---------- Records for this task
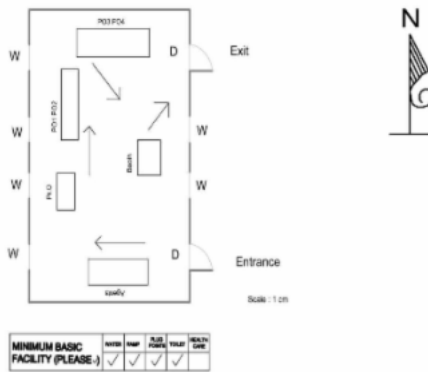

Google Map View

Polling Station Building Front View

Polling Station Front View

Cad View

Key MAP View

சட்டமன்றத் தொகுதியின் எண் மற்றும் பெயர் : 133-வேடசந்தூர் பிரிவு எண் மற்றும் பெயர் 1-வேடசந்தூர்(வ.கி) நாகம்பட்டி (ஊ), ஒட்டநாகம்பட்டி வார்டு 2
--------------------
**Exercise aim**
Please reproduce the closing stretch of the records, from the line with "Polling Station Building Front View" through the last line, exactly as it stands.

**Reply**
Polling Station Building Front View

Polling Station Front View

Cad View

Key MAP View

சட்டமன்றத் தொகுதியின் எண் மற்றும் பெயர் : 133-வேடசந்தூர் பிரிவு எண் மற்றும் பெயர் 1-வேடசந்தூர்(வ.கி) நாகம்பட்டி (ஊ), ஒட்டநாகம்பட்டி வார்டு 2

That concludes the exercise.